## RECORD SET

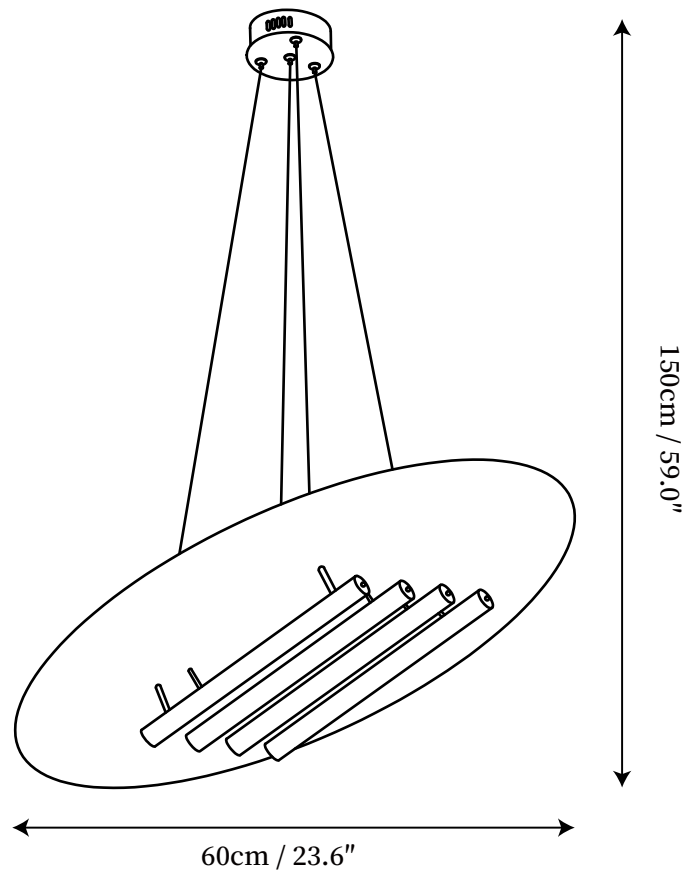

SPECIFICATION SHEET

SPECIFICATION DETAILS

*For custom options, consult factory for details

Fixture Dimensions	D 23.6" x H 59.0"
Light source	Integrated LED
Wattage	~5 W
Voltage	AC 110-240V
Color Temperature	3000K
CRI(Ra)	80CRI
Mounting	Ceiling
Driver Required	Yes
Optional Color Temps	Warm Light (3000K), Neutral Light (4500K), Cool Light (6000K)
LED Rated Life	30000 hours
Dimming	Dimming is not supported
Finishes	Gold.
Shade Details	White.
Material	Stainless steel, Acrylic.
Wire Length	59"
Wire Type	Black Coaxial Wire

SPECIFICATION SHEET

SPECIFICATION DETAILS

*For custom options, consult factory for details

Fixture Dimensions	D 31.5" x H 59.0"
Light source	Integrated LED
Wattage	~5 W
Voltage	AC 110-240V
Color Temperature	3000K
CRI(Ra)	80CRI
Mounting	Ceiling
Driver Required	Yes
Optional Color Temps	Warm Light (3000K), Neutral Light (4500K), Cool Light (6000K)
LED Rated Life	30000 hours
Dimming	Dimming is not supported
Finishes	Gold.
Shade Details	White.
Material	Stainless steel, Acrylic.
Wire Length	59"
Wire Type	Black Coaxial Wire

## REQUIRED WORK
Set down the material above exactly as it reads, but not its pictures.

## REPLY TO THE EXERCISE
SPECIFICATION SHEET

SPECIFICATION DETAILS

*For custom options, consult factory for details

Fixture Dimensions	D 23.6" x H 59.0"
Light source	Integrated LED
Wattage	~5 W
Voltage	AC 110-240V
Color Temperature	3000K
CRI(Ra)	80CRI
Mounting	Ceiling
Driver Required	Yes
Optional Color Temps	Warm Light (3000K), Neutral Light (4500K), Cool Light (6000K)
LED Rated Life	30000 hours
Dimming	Dimming is not supported
Finishes	Gold.
Shade Details	White.
Material	Stainless steel, Acrylic.
Wire Length	59"
Wire Type	Black Coaxial Wire

SPECIFICATION SHEET

SPECIFICATION DETAILS

*For custom options, consult factory for details

Fixture Dimensions	D 31.5" x H 59.0"
Light source	Integrated LED
Wattage	~5 W
Voltage	AC 110-240V
Color Temperature	3000K
CRI(Ra)	80CRI
Mounting	Ceiling
Driver Required	Yes
Optional Color Temps	Warm Light (3000K), Neutral Light (4500K), Cool Light (6000K)
LED Rated Life	30000 hours
Dimming	Dimming is not supported
Finishes	Gold.
Shade Details	White.
Material	Stainless steel, Acrylic.
Wire Length	59"
Wire Type	Black Coaxial Wire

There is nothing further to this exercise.